[NTLUG:Discuss] recommendations for tape drive
kbrannen@gte.net
kbrannen at gte.net
Mon Mar 17 18:41:10 CST 2003
Greg Edwards wrote:
> kbrannen at gte.net wrote:
>
>>
>> All very easy if you know shell scripting, though it could be done in
>> Perl or even C (if you had to). If I had to do it again today, about
>> the only thing I might change would be to use scp instead of curl.

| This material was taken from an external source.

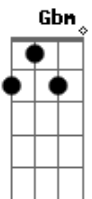

© ukulele-chords.com

>> Though curl is still a very useful utility in its own right, scp is a
>> bit easier to use.
>>
>> HTH,
>> Kevin
>>
>
> I guess I'm really lazy ;)
Aren't we all? :-)
>
> I use find and a pipe through cpio -pdvm to an automounted (amd) nfs
> drive. Only copies modified and new files. When I want a fresh image I
> delete the tree on the backup server. My backup server currently has a
> 36G SCSI drive devoted to backups and doubles as my development box from
> an IDE drive. When the time comes I'll add SCSI drives to extend my
> capacity.
It just depends on your circumstances. Chris's are different still. NFS
wasn't something I wanted to do, or felt comfortable with on our production
machines.
For those wondering how this might be done, here's the heart of my script:
backup_name="$host-$name-$tdate.tar.gz"
tar -cf - -T $file_list | \
gzip | \
curl -T /dev/stdin \
ftp://$backup_id:$password@$backup_mach/$backup_dir/$backup_name
I expanded a var for the Linux values, because this script also ran on
Soloaris machines, which uses different arg for tar, and also forces gzip to
be a separate process instead of "-z" to tar. So other than a temp file to
hold filenames that need to be backed up (generated earilier in the script),
no other space was required on the server to be backed up.